Because it's convenient.

But why didn't it work?

Dunno. You'll have to ask them.

Albee would make brilliant short work of the federal budget:

What's the thrust of your budget?

Read it and see.

Ah! Brevity! The master of that was Victor Hugo. While Les Miserables is, indeed, several hundred pages of misery, it was Hugo who sent his publisher a telegram, inquiring how his latest book was selling. This is what he said: ? Not to be outdone, the publisher replied: !

The riposte is not what it used to be, alas. Perhaps we're not all as quick-witted as Stephen Fry, but it seems that the combination of political correctness and management-speak has blunted the sabre of witticism. This is not mixing metaphors: a riposte is, of course, a technical term used in fencing. Indeed, the witty remark, the rejoinder, the bon mot, have been consigned to books of quotation or misappropriated: the riposte becomes a rip-off.

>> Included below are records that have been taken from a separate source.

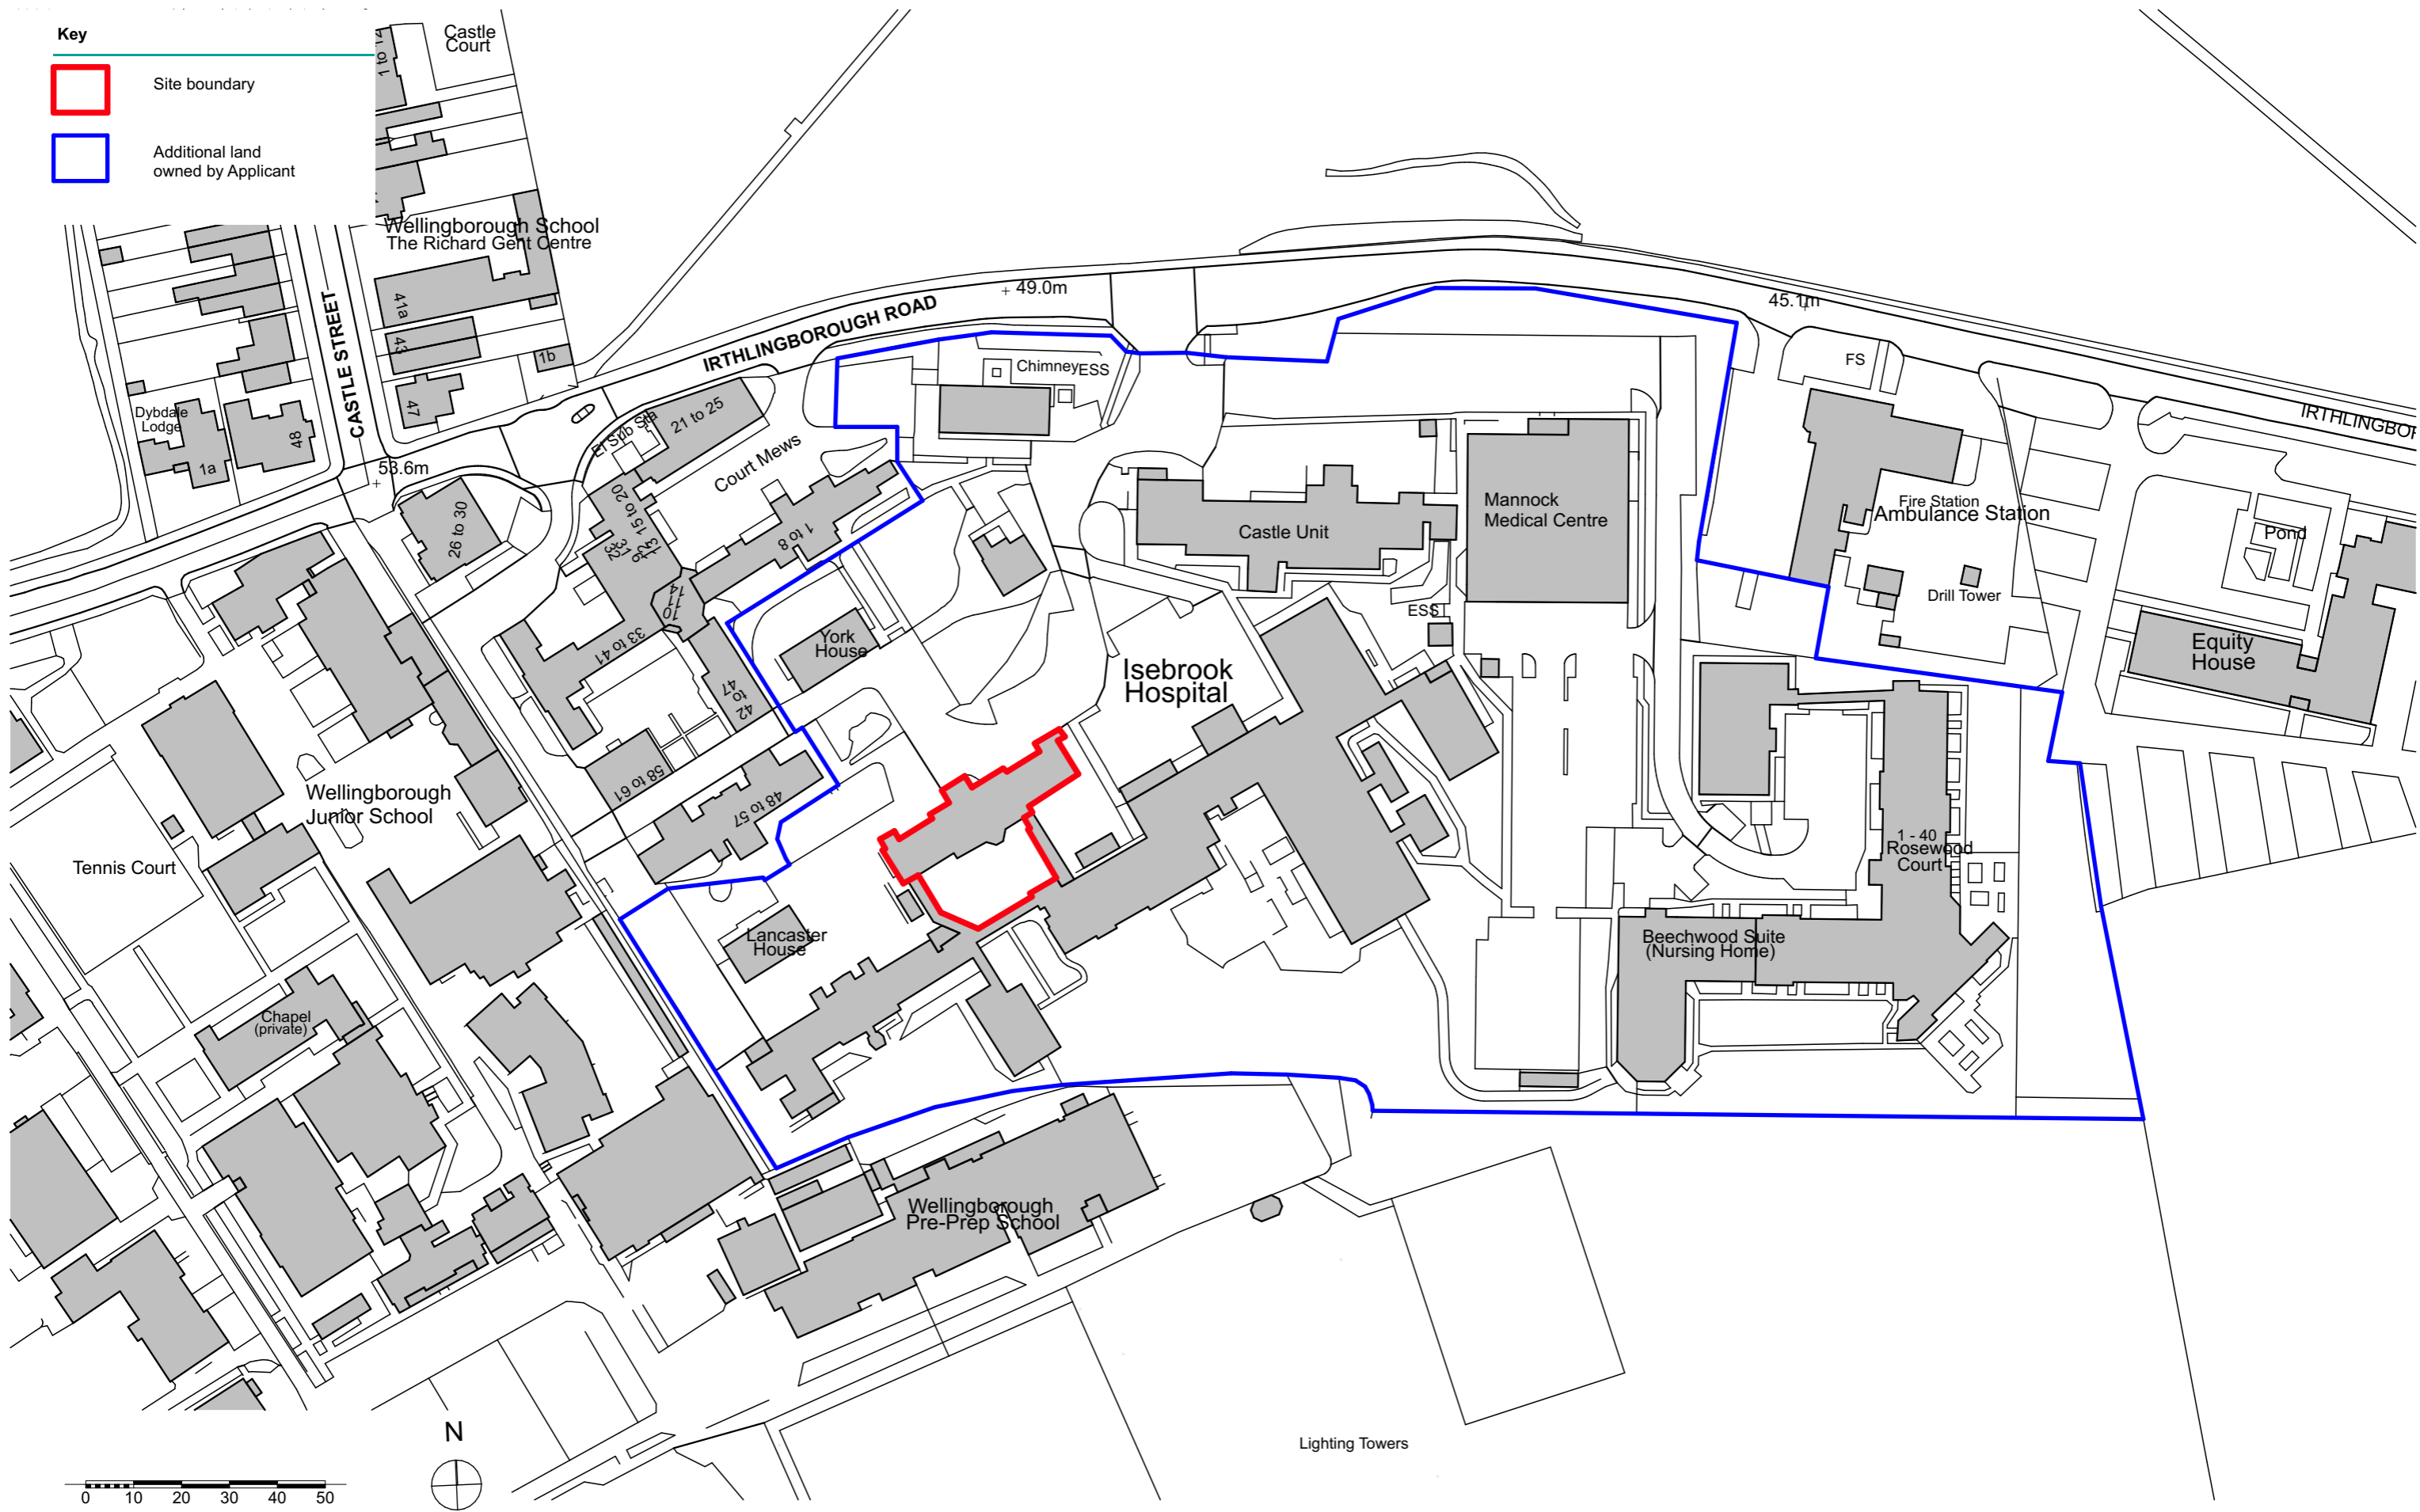

1. **Key**
2. Site boundary
   - Additional land owned by Applicant

Planning

NOTES

REVISIONS

PROJECT

Nene House Cafe

CLIENT

Isebrook Hospital

DRAWING TITLE

Site Location Plan

DRAWING NO.

6992-P-005

REV

P01

SCALE

1:1250@A3

DATE

Apr' 2023

Gloucester | London | Cardiff
Registered Office: Matthews Warehouse, High Orchard Street,
Gloucester Quays, GL2 5QY (01452) 424234

The trouble is that you tend to think of a riposte far too late. Like standing ovations, they have to be instantaneous, leaving the lips at the same time as the brain. One of the greatest, and quickest, exponents of the riposte was the late Australian-born actress Coral Browne, who did for bitchiness what Yehudi Menuhin did for violin playing. She once told a Hollywood scriptwriter: ''You couldn't write f--- on the dust on a venetian blind'', and notoriously remarked: ''Edward Woodward? - that's not a name, it's a fart in the bath.'' There are worse examples.

While I don't expect Gillard to be as foul-mouthed, I am not going to leave undisturbed the impression that sometimes saying less, in a clear-headed way, is better than saying more and saying nothing.